* **Data listing**:
-*-

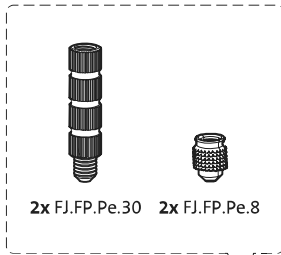

System M

Frees- en montagehandleiding

FritsJurgens Set - 40 mm Klasse AA - RVS

Freesinstructies

BP.M.40.AA.X.SS

TP.X.40.B.X.SS

FP.M.X.X.FS.SS

FP.M.X.X.FR.SS

Montageinstructies

FJ.MT.DT.M

FJ.MT.ZS

FJ.MT.AK3

FJ.MT.AK5x24

10x FJ.Tx.4.0X50.PKDD

FJ.Bit.Tx20

FJ.MT.AS.M

2x FJ.FP.Pe.30 2x FJ.FP.Pe.8

MT.M.Mount

To.M

ø8 mm (5/16")

ø8 mm (5/16")

ø7.5 mm (19/64")

8 mm (5/16")

8 mm (5/16")

8 mm (5/16")

30 mm (13/16")

30 mm (13/16")

30 mm (13/16")

1

2

1

2
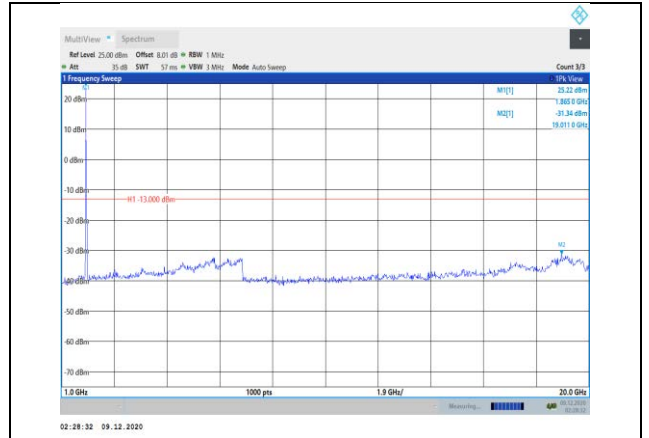

**Band2-15MHz-16QAM-19125-1RB#0-
Range1:30~1000MHz**

**Band2-15MHz-16QAM-18900-1RB#0-
Range1:30~1000MHz**

**Band2-15MHz-16QAM-19125-1RB#0-
Range2:1000~20000MHz**

**Band2-20MHz-QPSK-18700-1RB#0-
Range1:30~1000MHz**
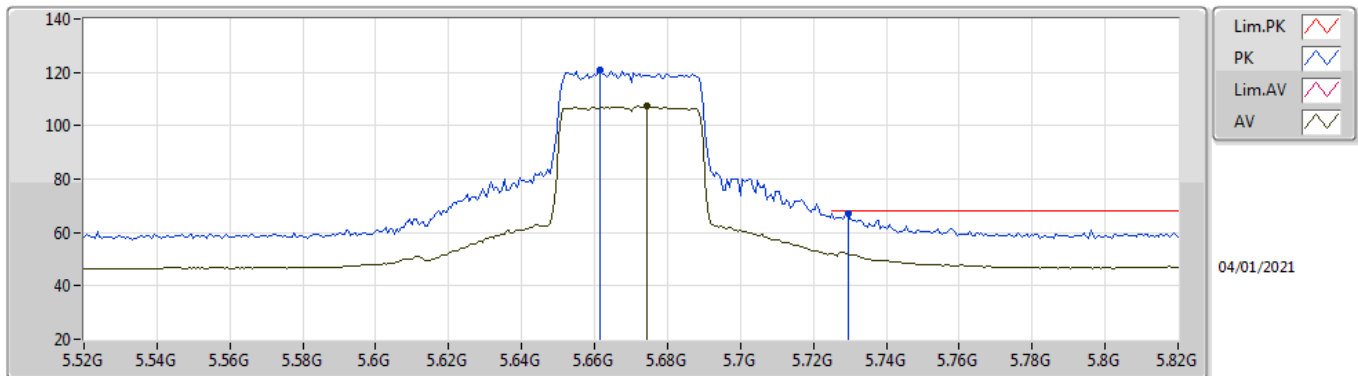

802.11ax HEW40-BF_Nss1,(MCS0)_4TX

5670MHz_TX

Type	Freq (Hz)	Level (dBuV/m)	Limit (dBuV/m)	Margin (dB)	Factor (dB)	Dist (m)	Condition	Azimuth (°)	Height (m)	Comment	Raw (dBuV)	AF (dB)	CL (dB)	PA (dB)
AV	5.6742G	107.31	Inf	-Inf	6.44	3	Vertical	191	1.67	-	100.87	31.75	8.97	34.28
PK	5.6616G	120.69	Inf	-Inf	6.40	3	Vertical	191	1.67	-	114.29	31.72	8.96	34.28
PK	5.7294G	67.09	68.20	-1.11	6.66	3	Vertical	191	1.67	-	60.43	31.92	9.02	34.28
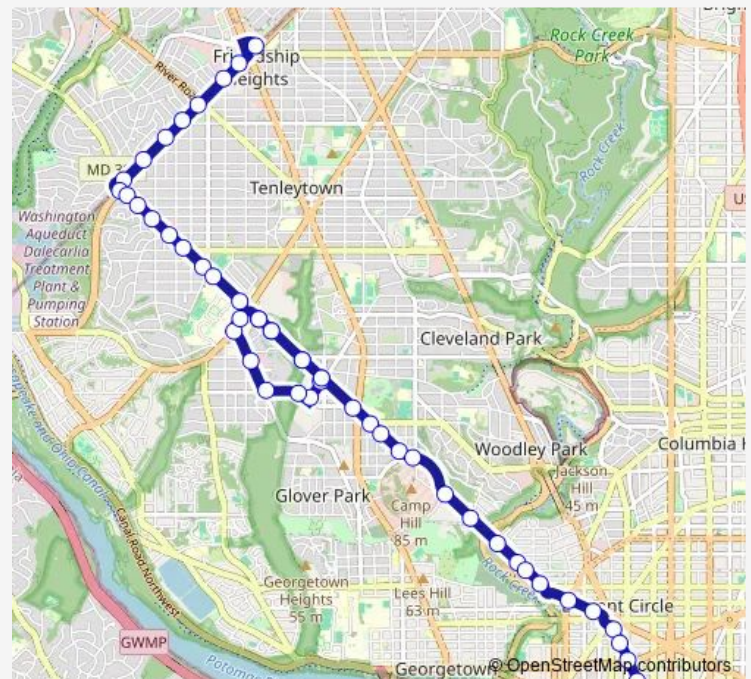

Massachusetts Av Nw+30 St Nw

Massachusetts Av Nw+Observatory Cir Nw

Massachusetts Av Nw+34 PI Nw

Massachusetts Av Nw+Fulton St Nw

Massachusetts Av Nw+Garfield St Nw

Massachusetts Av Nw+Wisconsin Av Nw

Massachusetts Av Nw+Idaho Av Nw

Massachusetts Av Nw+Macomb St Nw

Massachusetts Av Nw+#4201

### Route schedule

17 St Nw+I St Nw — Friendship Heights+Bay E

Monday 06:15-23:42

Tuesday 20:30-23:42

Wednesday 20:30-23:42

Thursday 06:15-23:42

Friday 20:30-23:42

Saturday 06:15-23:30

### Route info

Direction: 17 St Nw+I St Nw

Stops: 48

Trip Duration: 0 hour 44 min

N6 — Massachusetts Ave

Massachusetts Av Nw+Ward Cir Nw

Massachusetts Av Nw+Westover Pl Nw

Massachusetts Av Nw+#4201
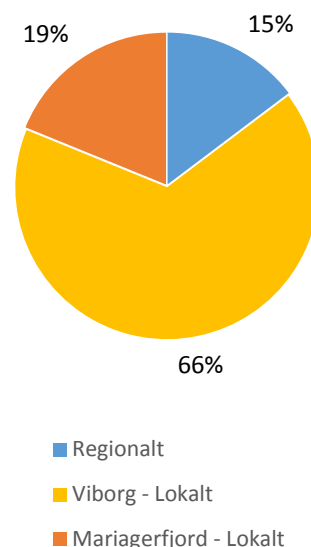

Rute 64 Viborg-Vammen-Hobro

- Tælling fra 2015.
- Der er på en gennemsnitlig hverdag 435 passagerer med bussen.
- Der er talt på 24 afgang = 18 passagerer pr. afgang.

Tabel 1 Fordeling af påstigere, lokalrejsende og belastningen over kommunegrænsen for begge retninger samlet. Røde tal er estimeret og er med usikkerhed.

	Påstigere		Belastning over kommunegrænse		Lokalrejsende	
Viborg Kommune	322	(74 %)	33	(8 %)	289	(66 %)
Mariagerfjord Kommune	113	(26 %)	31	(7 %)	82	(19 %)
I alt	435		64	(15 %)	371	(85 %)

Figur 1: Fordelingen af lokale og regionale rejser for rute 64.

Rejsekortdata

- Rejsen fra Viborg til Hobro svarer til 5 zoner.
- 44,7 % rejser 1 zone,
- 4,9 % rejser 2 zoner,
- 19,0 % rejser 3 zoner,
- 4,4 % rejser 4 zoner,
- 27,0 % rejser 5 zoner.

Viborg-Vammen-Hobro
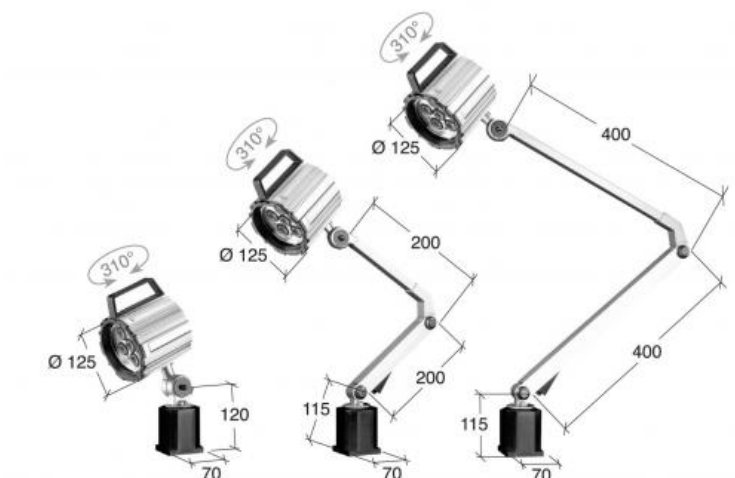

# Pracovní světlo 100–240 V, IP65, 200 + 200 mm

**Kód produktu:** ZE-LAL-230/200  
**EAN:** 4049794680896  
**Celní tarif:** 8513 1000  
**Hmotnost:** 1,90 kg  
**Dostupnost:** skladem

5 309,92 Kč bez DPH  
~~8 025,00 Kč~~ **6 425,00 Kč s DPH**  
212,40 € bez DPH  
~~321,00 €~~ **257,00 € s DPH**

kloubová ramena pro flexibilní nastavení; upevnění šrouby

světlo vč. montážních šroubů

Kompletní nabídka na [krytystroju.cz](http://krytystroju.cz)

## Parametry

Délka ramen 200 + 200

Obr. 2

Tento produkt najdete v našem [KATALOGU na straně 306 \(2021\)](#)
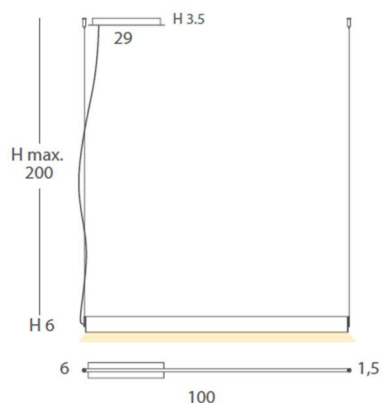

MANOLO 24841/100 24841/120

REF.
24841/100**

COLGANTE/ SUSPENSION
IP20

MATERIAL

Aluminio, madera y acrílico/
Aluminium, wood & acrylic

ACABADO/ FINISH

Blanco mate/ *Matt white*
Negro mate/ *Matt black*
Roble natural-plata/ *Natural oak-silver*
Nogal natural-plata/ *Natural walnut-silver*
Florón: blanco mate/ *Canopy: Matt white*

INSTALACIÓN/ INSTALLATION

PCB LED 20W 500mA
- Cálida/ *Warm* 3000K 1361lm
- Neutra/ *Neutral* 4000K 1423lm
CRI 80
Ⓧ dim 1-10V Ⓧ dim DALI Ⓧ dim PUSH

EEL: **A**
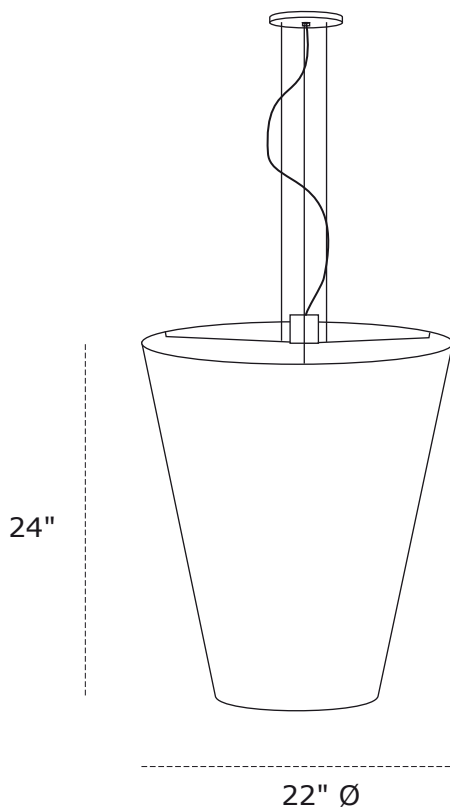

Klauss

PROJECT NAME / NOM DU PROJET

Date

Type

Notes

Voltage / Voltage

120V 277V 347V

* Dimmable ballast available

-*-

* **To do**:
In the material above, one part opens with the line containing "### Route schedule" and closes with the line containing "Negro mate/ *Matt black*". Write out that part exactly and skip its pictures.

* **Exercise output**:
### Route schedule

17 St Nw+I St Nw — Friendship Heights+Bay E

Monday 06:15-23:42

Tuesday 20:30-23:42

Wednesday 20:30-23:42

Thursday 06:15-23:42

Friday 20:30-23:42

Saturday 06:15-23:30

### Route info

Direction: 17 St Nw+I St Nw

Stops: 48

Trip Duration: 0 hour 44 min

N6 — Massachusetts Ave

Massachusetts Av Nw+Ward Cir Nw

Massachusetts Av Nw+Westover Pl Nw

Massachusetts Av Nw+#4201

Rute 64 Viborg-Vammen-Hobro

- Tælling fra 2015.
- Der er på en gennemsnitlig hverdag 435 passagerer med bussen.
- Der er talt på 24 afgang = 18 passagerer pr. afgang.

Tabel 1 Fordeling af påstigere, lokalrejsende og belastningen over kommunegrænsen for begge retninger samlet. Røde tal er estimeret og er med usikkerhed.

	Påstigere		Belastning over kommunegrænse		Lokalrejsende	
Viborg Kommune	322	(74 %)	33	(8 %)	289	(66 %)
Mariagerfjord Kommune	113	(26 %)	31	(7 %)	82	(19 %)
I alt	435		64	(15 %)	371	(85 %)

Figur 1: Fordelingen af lokale og regionale rejser for rute 64.

Rejsekortdata

- Rejsen fra Viborg til Hobro svarer til 5 zoner.
- 44,7 % rejser 1 zone,
- 4,9 % rejser 2 zoner,
- 19,0 % rejser 3 zoner,
- 4,4 % rejser 4 zoner,
- 27,0 % rejser 5 zoner.

Viborg-Vammen-Hobro

# Pracovní světlo 100–240 V, IP65, 200 + 200 mm

**Kód produktu:** ZE-LAL-230/200  
**EAN:** 4049794680896  
**Celní tarif:** 8513 1000  
**Hmotnost:** 1,90 kg  
**Dostupnost:** skladem

5 309,92 Kč bez DPH  
~~8 025,00 Kč~~ **6 425,00 Kč s DPH**  
212,40 € bez DPH  
~~321,00 €~~ **257,00 € s DPH**

kloubová ramena pro flexibilní nastavení; upevnění šrouby

světlo vč. montážních šroubů

Kompletní nabídka na [krytystroju.cz](http://krytystroju.cz)

## Parametry

Délka ramen 200 + 200

Obr. 2

Tento produkt najdete v našem [KATALOGU na straně 306 \(2021\)](#)

MANOLO 24841/100 24841/120

REF.
24841/100**

COLGANTE/ SUSPENSION
IP20

MATERIAL

Aluminio, madera y acrílico/
Aluminium, wood & acrylic

ACABADO/ FINISH

Blanco mate/ *Matt white*
Negro mate/ *Matt black*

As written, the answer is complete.